● **THE PROBLEM**:
Begin at the line bearing "- Polished #4 Finish". Transcribe it and all subsequent lines of the material below exactly, and nothing more.

● **TASK INPUTS**:
........

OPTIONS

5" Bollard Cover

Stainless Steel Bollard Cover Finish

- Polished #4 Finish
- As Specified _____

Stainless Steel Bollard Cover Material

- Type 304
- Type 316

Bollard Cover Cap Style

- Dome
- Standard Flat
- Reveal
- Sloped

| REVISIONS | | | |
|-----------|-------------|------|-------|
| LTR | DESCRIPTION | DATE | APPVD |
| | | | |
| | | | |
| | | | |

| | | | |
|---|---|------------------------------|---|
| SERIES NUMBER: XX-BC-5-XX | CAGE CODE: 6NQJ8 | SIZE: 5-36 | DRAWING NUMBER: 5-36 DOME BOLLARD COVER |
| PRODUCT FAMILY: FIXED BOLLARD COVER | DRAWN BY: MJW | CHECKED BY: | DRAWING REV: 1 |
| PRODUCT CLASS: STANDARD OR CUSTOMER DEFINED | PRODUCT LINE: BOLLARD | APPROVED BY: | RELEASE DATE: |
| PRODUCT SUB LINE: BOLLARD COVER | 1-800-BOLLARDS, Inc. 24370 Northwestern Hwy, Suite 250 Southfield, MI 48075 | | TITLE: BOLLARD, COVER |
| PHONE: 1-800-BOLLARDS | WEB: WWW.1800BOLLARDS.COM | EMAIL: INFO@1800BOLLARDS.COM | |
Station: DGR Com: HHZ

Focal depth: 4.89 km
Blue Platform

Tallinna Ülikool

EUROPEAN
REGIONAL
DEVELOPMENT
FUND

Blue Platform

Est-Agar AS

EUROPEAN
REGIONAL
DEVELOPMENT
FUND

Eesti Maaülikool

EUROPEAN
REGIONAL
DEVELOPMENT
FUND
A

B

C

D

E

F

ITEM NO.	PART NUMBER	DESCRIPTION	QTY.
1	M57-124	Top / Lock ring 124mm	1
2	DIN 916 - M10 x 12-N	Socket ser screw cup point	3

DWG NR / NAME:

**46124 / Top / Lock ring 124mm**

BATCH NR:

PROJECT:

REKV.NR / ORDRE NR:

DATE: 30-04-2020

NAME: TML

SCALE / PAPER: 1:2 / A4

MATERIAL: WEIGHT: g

........

● **YOUR SOLUTION**:
- Polished #4 Finish
- As Specified _____

Stainless Steel Bollard Cover Material

- Type 304
- Type 316

Bollard Cover Cap Style

- Dome
- Standard Flat
- Reveal
- Sloped

| REVISIONS | | | |
|-----------|-------------|------|-------|
| LTR | DESCRIPTION | DATE | APPVD |
| | | | |
| | | | |
| | | | |

| | | | |
|---|---|------------------------------|---|
| SERIES NUMBER: XX-BC-5-XX | CAGE CODE: 6NQJ8 | SIZE: 5-36 | DRAWING NUMBER: 5-36 DOME BOLLARD COVER |
| PRODUCT FAMILY: FIXED BOLLARD COVER | DRAWN BY: MJW | CHECKED BY: | DRAWING REV: 1 |
| PRODUCT CLASS: STANDARD OR CUSTOMER DEFINED | PRODUCT LINE: BOLLARD | APPROVED BY: | RELEASE DATE: |
| PRODUCT SUB LINE: BOLLARD COVER | 1-800-BOLLARDS, Inc. 24370 Northwestern Hwy, Suite 250 Southfield, MI 48075 | | TITLE: BOLLARD, COVER |
| PHONE: 1-800-BOLLARDS | WEB: WWW.1800BOLLARDS.COM | EMAIL: INFO@1800BOLLARDS.COM | |
Station: DGR Com: HHZ

Focal depth: 4.89 km
Blue Platform

Tallinna Ülikool

EUROPEAN
REGIONAL
DEVELOPMENT
FUND

Blue Platform

Est-Agar AS

EUROPEAN
REGIONAL
DEVELOPMENT
FUND

Eesti Maaülikool

EUROPEAN
REGIONAL
DEVELOPMENT
FUND
A

B

C

D

E

F

ITEM NO.	PART NUMBER	DESCRIPTION	QTY.
1	M57-124	Top / Lock ring 124mm	1
2	DIN 916 - M10 x 12-N	Socket ser screw cup point	3

DWG NR / NAME:

**46124 / Top / Lock ring 124mm**

BATCH NR:

PROJECT:

REKV.NR / ORDRE NR:

DATE: 30-04-2020

NAME: TML

SCALE / PAPER: 1:2 / A4

MATERIAL: WEIGHT: g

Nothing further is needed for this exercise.